EUCABLIGHT: EUropean Concerted Action on BLIGHT: A potato late blight network for Europe (2003- 2006).
There were just over 40 participants at the inaugural EU. NET. ICP workshop in Lelystad, in the Netherlands in 1996.
Over successive meetings, as awareness of this network increased, attendance has gradually risen to 90 participants at Bologna. This is a reflection of the importance of potato blight as well as commercial interests from the agrochemical manufacturers who have also been welcome sponsors of the event since 2001. A few stalwarts have attended all 10 of the workshops with yours truly attending nine – missing out on the second meeting in Carlow, Ireland in 1997.
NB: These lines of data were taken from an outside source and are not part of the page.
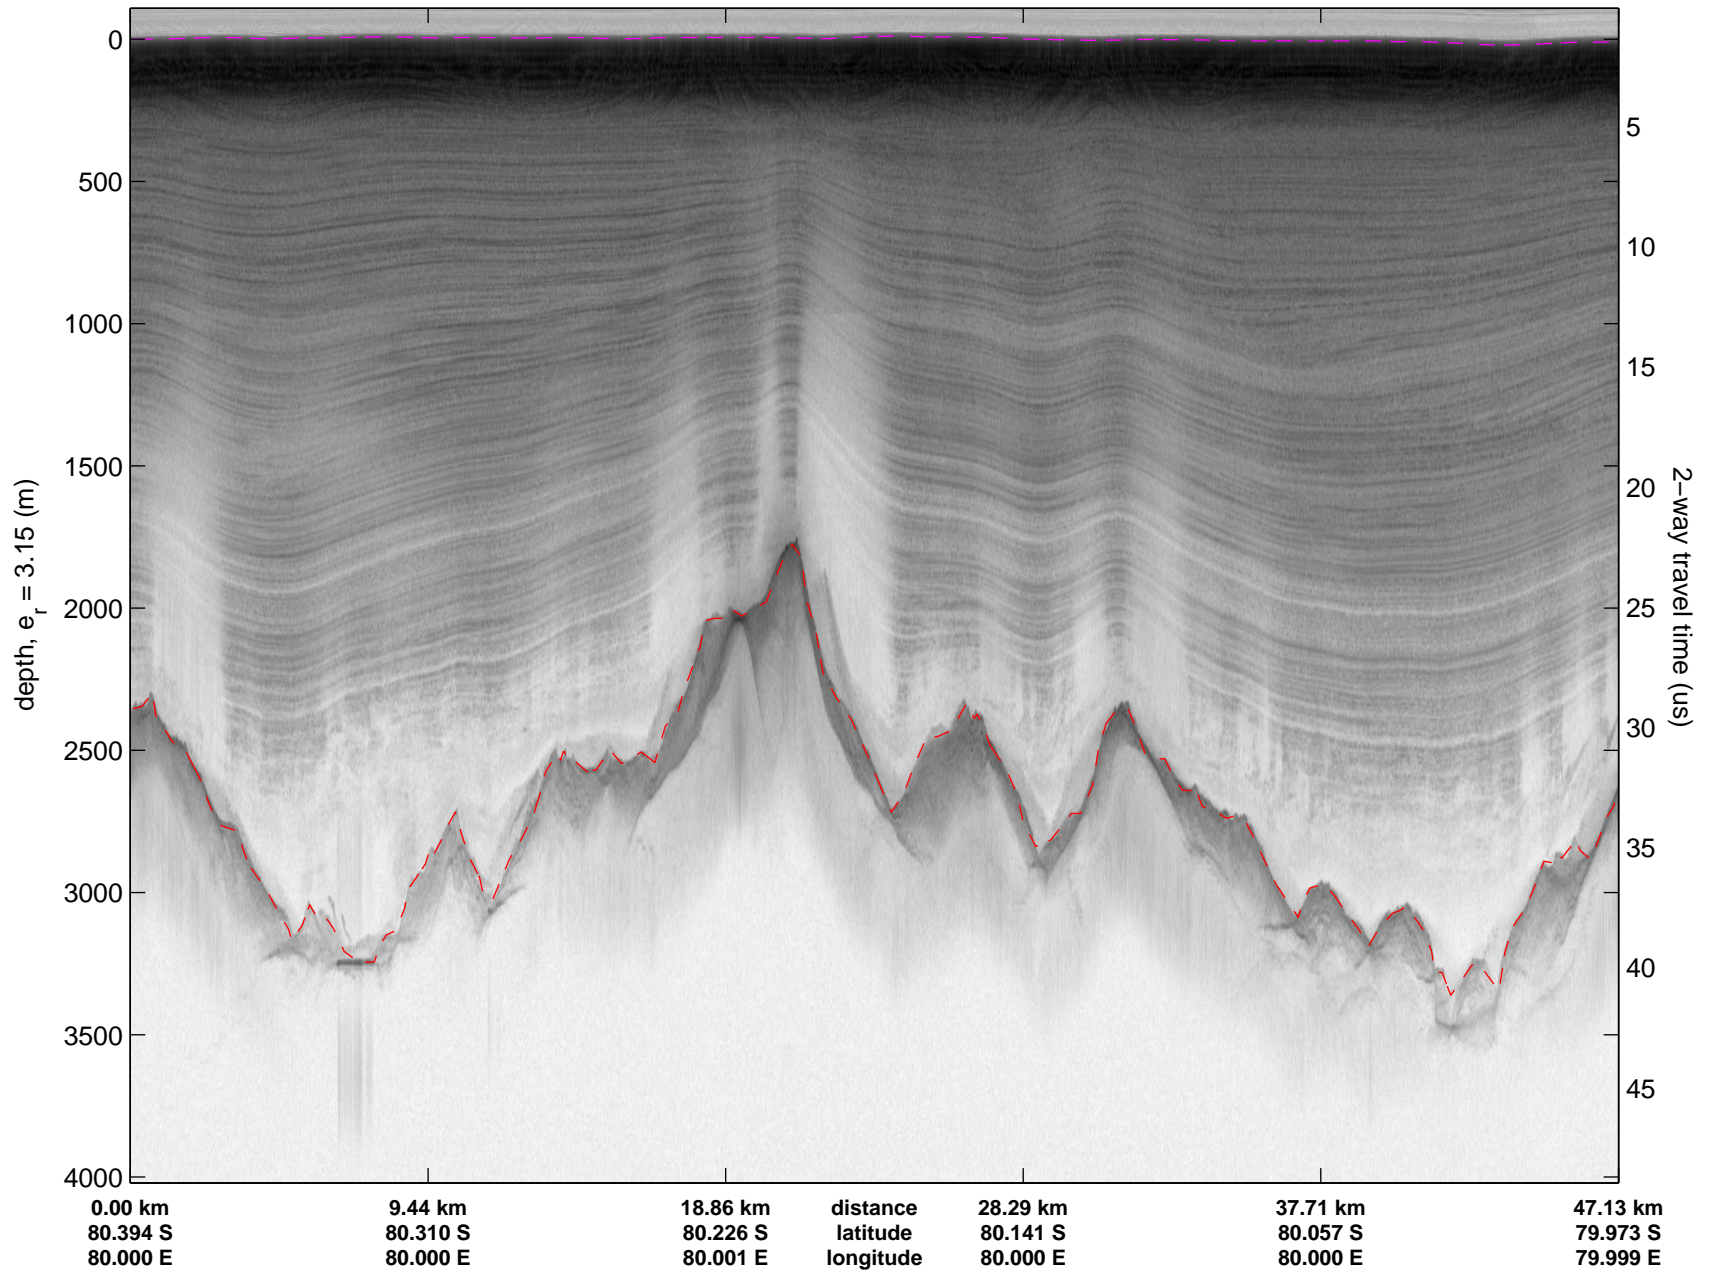

Data Frame ID: 20090101\_01\_007

Data Frame ID: 20090101\_01\_007

Data Frame ID: 20090101\_01\_008

Data Frame ID: 20090101\_01\_008

Data Frame ID: 20090101\_01\_009

Data Frame ID: 20090101\_01\_009

Data Frame ID: 20090101\_01\_010

Data Frame ID: 20090101\_01\_010

Data Frame ID: 20090101\_01\_011

Data Frame ID: 20090101\_01\_011

Data Frame ID: 20090101\_01\_012

Data Frame ID: 20090101\_01\_012

Data Frame ID: 20090101\_01\_013

Data Frame ID: 20090101\_01\_013

Data Frame ID: 20090101\_01\_017

Data Frame ID: 20090101\_01\_017

Polar Stereograph -71N/0E

Data Frame ID: 20090101\_01\_018

Data Frame ID: 20090101\_01\_018

Polar Stereograph -71N/0E

Data Frame ID: 20090101\_01\_019

Data Frame ID: 20090101\_01\_019

0.00 km	10.13 km	20.26 km	distance	30.40 km	40.54 km	50.65 km
77.545 S	77.508 S	77.476 S	latitude	77.447 S	77.417 S	77.387 S
79.997 E	79.636 E	79.245 E	longitude	78.848 E	78.455 E	78.065 E

The proceedings of previous EU. NET ICP meetings can be found on the EuroBlight website www. euroblight. net/ EuroBlight. asp or on www. lateblight. nl hosted by Plant Research International, Wageningen One useful development from the EUCABLIGHT network has been the use of the Internet as a means of communication outside meetings to share and provide data on potato varieties and late blight populations – something familiar to most of us now but much less so only a few years ago.
The EUCABLIGHT website can be found at www. eucablight. org/eucablight. asp courtesy of Jens Hansen and his colleagues at the University of Aarhus, in Foulum, Denmark who were responsible for the as the website and database management aspects of the network.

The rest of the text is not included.